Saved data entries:

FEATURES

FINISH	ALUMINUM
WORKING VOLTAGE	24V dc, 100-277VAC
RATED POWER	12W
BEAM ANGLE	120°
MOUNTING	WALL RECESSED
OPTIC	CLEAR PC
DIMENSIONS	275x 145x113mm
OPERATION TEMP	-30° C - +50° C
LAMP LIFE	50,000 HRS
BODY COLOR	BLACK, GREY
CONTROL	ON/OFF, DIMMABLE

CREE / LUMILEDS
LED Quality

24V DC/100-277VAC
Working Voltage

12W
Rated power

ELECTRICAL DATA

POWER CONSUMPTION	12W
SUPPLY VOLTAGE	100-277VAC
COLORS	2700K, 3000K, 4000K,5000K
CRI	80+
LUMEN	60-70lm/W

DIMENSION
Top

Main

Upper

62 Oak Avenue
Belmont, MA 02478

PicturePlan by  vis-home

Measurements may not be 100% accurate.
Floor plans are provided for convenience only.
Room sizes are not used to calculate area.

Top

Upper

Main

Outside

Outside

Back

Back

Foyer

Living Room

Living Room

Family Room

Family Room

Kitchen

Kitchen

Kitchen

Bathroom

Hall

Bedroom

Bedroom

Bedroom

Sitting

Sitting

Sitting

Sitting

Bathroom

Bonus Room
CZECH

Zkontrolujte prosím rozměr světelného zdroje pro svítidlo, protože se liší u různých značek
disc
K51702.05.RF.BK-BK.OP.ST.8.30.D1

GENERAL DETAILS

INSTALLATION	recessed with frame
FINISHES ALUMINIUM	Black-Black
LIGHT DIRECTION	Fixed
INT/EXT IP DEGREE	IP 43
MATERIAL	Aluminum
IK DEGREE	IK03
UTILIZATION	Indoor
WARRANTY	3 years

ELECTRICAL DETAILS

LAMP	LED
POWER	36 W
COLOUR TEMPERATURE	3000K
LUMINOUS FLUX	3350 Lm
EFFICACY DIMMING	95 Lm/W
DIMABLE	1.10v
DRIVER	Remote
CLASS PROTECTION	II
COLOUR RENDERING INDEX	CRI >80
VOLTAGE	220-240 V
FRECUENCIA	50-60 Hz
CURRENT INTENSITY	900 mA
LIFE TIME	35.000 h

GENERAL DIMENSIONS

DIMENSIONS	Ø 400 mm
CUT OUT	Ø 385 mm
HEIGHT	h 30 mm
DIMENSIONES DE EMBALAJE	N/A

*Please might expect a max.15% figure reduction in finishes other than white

* * *

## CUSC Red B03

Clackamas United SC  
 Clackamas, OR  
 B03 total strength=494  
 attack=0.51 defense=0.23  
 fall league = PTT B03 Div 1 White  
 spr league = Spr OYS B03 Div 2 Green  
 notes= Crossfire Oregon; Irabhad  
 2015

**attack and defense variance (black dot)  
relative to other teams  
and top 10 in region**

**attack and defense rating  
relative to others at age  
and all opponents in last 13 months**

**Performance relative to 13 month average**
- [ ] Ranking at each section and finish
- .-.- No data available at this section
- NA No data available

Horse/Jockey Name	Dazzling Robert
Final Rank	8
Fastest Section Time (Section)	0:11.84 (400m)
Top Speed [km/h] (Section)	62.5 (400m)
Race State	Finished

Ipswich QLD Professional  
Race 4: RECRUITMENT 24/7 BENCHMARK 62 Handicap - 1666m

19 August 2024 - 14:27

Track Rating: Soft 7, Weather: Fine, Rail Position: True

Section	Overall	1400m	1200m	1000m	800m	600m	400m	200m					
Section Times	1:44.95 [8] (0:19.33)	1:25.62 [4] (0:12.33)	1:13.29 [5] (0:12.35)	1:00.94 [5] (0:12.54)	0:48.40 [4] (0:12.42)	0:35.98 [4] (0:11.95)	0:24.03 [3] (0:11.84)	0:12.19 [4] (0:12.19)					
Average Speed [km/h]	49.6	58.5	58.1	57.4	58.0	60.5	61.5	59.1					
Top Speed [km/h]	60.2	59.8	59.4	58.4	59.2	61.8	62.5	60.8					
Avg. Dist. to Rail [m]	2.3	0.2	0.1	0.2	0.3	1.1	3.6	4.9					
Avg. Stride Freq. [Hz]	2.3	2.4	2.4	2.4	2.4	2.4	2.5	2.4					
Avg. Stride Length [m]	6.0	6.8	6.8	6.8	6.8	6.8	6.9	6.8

EXERCISE DIRECTIONS: Set down, from the entries above, exactly the lines from the one with "Clackamas United SC" up to and including the one with "Avg. Stride Length", and no other lines.

RESULT OF THIS EXERCISE:
Clackamas United SC  
 Clackamas, OR  
 B03 total strength=494  
 attack=0.51 defense=0.23  
 fall league = PTT B03 Div 1 White  
 spr league = Spr OYS B03 Div 2 Green  
 notes= Crossfire Oregon; Irabhad  
 2015

**attack and defense variance (black dot)  
relative to other teams  
and top 10 in region**

**attack and defense rating  
relative to others at age  
and all opponents in last 13 months**

**Performance relative to 13 month average**
- [ ] Ranking at each section and finish
- .-.- No data available at this section
- NA No data available

Horse/Jockey Name	Dazzling Robert
Final Rank	8
Fastest Section Time (Section)	0:11.84 (400m)
Top Speed [km/h] (Section)	62.5 (400m)
Race State	Finished

Ipswich QLD Professional  
Race 4: RECRUITMENT 24/7 BENCHMARK 62 Handicap - 1666m

19 August 2024 - 14:27

Track Rating: Soft 7, Weather: Fine, Rail Position: True

Section	Overall	1400m	1200m	1000m	800m	600m	400m	200m					
Section Times	1:44.95 [8] (0:19.33)	1:25.62 [4] (0:12.33)	1:13.29 [5] (0:12.35)	1:00.94 [5] (0:12.54)	0:48.40 [4] (0:12.42)	0:35.98 [4] (0:11.95)	0:24.03 [3] (0:11.84)	0:12.19 [4] (0:12.19)					
Average Speed [km/h]	49.6	58.5	58.1	57.4	58.0	60.5	61.5	59.1					
Top Speed [km/h]	60.2	59.8	59.4	58.4	59.2	61.8	62.5	60.8					
Avg. Dist. to Rail [m]	2.3	0.2	0.1	0.2	0.3	1.1	3.6	4.9					
Avg. Stride Freq. [Hz]	2.3	2.4	2.4	2.4	2.4	2.4	2.5	2.4					
Avg. Stride Length [m]	6.0	6.8	6.8	6.8	6.8	6.8	6.9	6.8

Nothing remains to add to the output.